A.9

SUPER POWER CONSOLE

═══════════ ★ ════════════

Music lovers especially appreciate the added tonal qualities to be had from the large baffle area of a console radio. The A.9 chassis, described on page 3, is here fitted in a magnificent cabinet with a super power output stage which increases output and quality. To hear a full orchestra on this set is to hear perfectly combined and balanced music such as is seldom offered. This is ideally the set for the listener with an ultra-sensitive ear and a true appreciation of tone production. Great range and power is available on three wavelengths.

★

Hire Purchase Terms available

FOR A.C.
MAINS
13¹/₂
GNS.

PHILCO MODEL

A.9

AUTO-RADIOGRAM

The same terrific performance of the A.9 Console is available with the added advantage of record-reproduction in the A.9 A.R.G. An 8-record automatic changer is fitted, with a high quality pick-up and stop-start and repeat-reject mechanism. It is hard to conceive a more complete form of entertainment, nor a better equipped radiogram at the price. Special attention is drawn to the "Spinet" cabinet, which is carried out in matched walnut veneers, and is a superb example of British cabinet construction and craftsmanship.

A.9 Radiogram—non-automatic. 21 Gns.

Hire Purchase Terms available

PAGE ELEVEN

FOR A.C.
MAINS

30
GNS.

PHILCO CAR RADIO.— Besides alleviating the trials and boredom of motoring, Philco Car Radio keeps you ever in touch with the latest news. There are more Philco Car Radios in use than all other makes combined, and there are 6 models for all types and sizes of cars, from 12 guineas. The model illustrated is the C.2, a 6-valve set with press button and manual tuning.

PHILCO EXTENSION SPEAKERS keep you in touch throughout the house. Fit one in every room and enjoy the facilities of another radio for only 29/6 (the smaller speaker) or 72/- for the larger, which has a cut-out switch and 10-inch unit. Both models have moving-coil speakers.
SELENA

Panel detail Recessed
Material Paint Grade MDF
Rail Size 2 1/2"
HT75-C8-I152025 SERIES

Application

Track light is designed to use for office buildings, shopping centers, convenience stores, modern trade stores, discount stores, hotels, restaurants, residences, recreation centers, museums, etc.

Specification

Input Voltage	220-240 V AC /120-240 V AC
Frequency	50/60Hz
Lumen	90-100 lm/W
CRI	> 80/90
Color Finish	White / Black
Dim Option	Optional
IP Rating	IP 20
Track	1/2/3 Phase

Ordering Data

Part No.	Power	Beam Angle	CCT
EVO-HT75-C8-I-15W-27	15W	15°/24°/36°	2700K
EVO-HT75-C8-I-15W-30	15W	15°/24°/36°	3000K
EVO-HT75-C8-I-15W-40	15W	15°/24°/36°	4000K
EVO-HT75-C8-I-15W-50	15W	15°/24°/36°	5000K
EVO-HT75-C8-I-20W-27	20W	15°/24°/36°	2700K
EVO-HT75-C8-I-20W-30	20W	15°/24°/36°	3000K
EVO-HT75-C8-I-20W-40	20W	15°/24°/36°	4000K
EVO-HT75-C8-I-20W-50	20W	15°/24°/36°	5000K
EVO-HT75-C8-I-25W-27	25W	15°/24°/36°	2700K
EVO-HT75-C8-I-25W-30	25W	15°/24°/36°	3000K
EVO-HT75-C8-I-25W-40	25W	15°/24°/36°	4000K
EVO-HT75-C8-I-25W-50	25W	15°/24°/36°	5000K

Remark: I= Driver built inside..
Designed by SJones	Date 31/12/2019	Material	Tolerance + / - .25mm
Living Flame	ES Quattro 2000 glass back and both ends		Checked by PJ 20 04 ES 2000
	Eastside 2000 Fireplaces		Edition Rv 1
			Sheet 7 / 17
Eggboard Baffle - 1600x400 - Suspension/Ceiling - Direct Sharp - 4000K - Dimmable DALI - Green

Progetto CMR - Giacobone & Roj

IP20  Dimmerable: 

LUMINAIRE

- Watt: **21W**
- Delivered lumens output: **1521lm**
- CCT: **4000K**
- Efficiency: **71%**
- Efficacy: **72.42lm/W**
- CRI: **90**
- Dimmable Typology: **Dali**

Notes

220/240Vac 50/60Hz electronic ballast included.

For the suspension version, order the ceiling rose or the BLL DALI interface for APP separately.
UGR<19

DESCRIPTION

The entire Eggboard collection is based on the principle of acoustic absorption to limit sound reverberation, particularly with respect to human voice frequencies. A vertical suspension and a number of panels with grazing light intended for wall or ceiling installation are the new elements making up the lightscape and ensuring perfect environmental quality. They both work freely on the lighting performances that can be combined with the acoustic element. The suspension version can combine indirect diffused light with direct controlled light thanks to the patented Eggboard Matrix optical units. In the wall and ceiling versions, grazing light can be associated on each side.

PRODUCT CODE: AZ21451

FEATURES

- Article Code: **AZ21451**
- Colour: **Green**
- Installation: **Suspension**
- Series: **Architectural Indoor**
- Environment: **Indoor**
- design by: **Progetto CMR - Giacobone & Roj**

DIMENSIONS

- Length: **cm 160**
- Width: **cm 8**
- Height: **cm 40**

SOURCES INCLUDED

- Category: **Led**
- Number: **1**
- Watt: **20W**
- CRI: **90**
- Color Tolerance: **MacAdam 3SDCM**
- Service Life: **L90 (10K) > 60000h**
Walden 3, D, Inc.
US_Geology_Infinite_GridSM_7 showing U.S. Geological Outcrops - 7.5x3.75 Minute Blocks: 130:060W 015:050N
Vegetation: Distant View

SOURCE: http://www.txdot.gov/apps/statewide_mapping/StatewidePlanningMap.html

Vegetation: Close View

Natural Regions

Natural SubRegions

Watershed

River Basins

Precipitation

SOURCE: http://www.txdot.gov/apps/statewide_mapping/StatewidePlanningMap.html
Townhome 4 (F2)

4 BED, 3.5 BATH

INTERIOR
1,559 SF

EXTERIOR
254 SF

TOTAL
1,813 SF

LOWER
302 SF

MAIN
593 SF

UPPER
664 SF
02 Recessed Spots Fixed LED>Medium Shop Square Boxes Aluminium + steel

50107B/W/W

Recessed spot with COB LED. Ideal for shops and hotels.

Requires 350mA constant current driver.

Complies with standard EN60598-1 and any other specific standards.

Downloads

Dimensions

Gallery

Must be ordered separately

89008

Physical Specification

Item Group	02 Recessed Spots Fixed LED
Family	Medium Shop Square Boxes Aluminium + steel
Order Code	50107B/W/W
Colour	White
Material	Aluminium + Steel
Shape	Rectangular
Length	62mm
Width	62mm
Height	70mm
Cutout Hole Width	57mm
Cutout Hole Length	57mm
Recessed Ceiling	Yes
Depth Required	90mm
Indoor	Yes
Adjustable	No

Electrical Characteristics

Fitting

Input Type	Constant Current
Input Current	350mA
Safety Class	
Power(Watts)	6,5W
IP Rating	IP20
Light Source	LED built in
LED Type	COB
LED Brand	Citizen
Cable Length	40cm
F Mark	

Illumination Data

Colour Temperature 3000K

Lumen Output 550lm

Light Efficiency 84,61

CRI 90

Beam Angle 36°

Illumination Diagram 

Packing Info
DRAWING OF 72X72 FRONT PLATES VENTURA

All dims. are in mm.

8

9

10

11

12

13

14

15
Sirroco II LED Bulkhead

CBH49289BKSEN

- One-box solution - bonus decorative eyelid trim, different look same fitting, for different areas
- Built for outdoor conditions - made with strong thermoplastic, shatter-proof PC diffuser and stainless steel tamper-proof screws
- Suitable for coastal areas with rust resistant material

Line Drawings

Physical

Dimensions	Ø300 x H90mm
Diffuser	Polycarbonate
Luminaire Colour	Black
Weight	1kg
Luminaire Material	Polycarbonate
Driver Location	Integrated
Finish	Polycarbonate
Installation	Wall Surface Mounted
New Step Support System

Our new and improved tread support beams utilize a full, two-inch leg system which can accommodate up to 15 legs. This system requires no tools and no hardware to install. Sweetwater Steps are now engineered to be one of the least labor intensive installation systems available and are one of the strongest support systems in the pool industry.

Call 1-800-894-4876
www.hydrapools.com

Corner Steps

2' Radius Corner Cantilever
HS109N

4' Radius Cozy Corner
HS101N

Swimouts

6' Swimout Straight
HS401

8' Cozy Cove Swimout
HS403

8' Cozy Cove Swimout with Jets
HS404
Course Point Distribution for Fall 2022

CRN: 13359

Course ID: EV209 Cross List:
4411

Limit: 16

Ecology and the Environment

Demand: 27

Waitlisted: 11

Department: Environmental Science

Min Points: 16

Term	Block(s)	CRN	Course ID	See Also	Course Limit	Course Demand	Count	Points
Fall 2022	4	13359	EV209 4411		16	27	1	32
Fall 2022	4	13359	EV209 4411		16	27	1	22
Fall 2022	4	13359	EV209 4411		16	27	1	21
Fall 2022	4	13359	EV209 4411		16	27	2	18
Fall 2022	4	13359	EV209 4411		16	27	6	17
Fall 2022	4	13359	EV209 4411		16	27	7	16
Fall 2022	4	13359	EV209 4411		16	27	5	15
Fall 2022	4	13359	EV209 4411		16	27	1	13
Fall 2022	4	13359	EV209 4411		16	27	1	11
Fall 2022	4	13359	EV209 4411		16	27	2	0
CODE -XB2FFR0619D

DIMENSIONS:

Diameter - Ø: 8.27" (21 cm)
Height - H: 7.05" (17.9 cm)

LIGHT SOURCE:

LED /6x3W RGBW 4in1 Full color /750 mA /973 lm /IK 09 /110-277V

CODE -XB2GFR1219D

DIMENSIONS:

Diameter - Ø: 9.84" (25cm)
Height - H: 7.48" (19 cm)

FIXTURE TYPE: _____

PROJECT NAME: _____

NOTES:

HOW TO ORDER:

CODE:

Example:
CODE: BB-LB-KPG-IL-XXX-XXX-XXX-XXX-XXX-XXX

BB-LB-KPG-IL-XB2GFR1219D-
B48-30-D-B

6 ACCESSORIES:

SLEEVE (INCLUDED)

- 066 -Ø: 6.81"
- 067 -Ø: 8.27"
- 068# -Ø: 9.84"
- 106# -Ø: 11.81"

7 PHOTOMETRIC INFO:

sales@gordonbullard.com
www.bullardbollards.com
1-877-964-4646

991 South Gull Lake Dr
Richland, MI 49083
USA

——

**REQUIRED WORK:** Starting with the first line of the records above, give back each line exactly until the line with "Rail Size 2" has been given as well.

**SOLVED PROBLEM:**
A.9

SUPER POWER CONSOLE

═══════════ ★ ════════════

Music lovers especially appreciate the added tonal qualities to be had from the large baffle area of a console radio. The A.9 chassis, described on page 3, is here fitted in a magnificent cabinet with a super power output stage which increases output and quality. To hear a full orchestra on this set is to hear perfectly combined and balanced music such as is seldom offered. This is ideally the set for the listener with an ultra-sensitive ear and a true appreciation of tone production. Great range and power is available on three wavelengths.

★

Hire Purchase Terms available

FOR A.C.
MAINS
13¹/₂
GNS.

PHILCO MODEL

A.9

AUTO-RADIOGRAM

The same terrific performance of the A.9 Console is available with the added advantage of record-reproduction in the A.9 A.R.G. An 8-record automatic changer is fitted, with a high quality pick-up and stop-start and repeat-reject mechanism. It is hard to conceive a more complete form of entertainment, nor a better equipped radiogram at the price. Special attention is drawn to the "Spinet" cabinet, which is carried out in matched walnut veneers, and is a superb example of British cabinet construction and craftsmanship.

A.9 Radiogram—non-automatic. 21 Gns.

Hire Purchase Terms available

PAGE ELEVEN

FOR A.C.
MAINS

30
GNS.

PHILCO CAR RADIO.— Besides alleviating the trials and boredom of motoring, Philco Car Radio keeps you ever in touch with the latest news. There are more Philco Car Radios in use than all other makes combined, and there are 6 models for all types and sizes of cars, from 12 guineas. The model illustrated is the C.2, a 6-valve set with press button and manual tuning.

PHILCO EXTENSION SPEAKERS keep you in touch throughout the house. Fit one in every room and enjoy the facilities of another radio for only 29/6 (the smaller speaker) or 72/- for the larger, which has a cut-out switch and 10-inch unit. Both models have moving-coil speakers.
SELENA

Panel detail Recessed
Material Paint Grade MDF
Rail Size 2 1/2"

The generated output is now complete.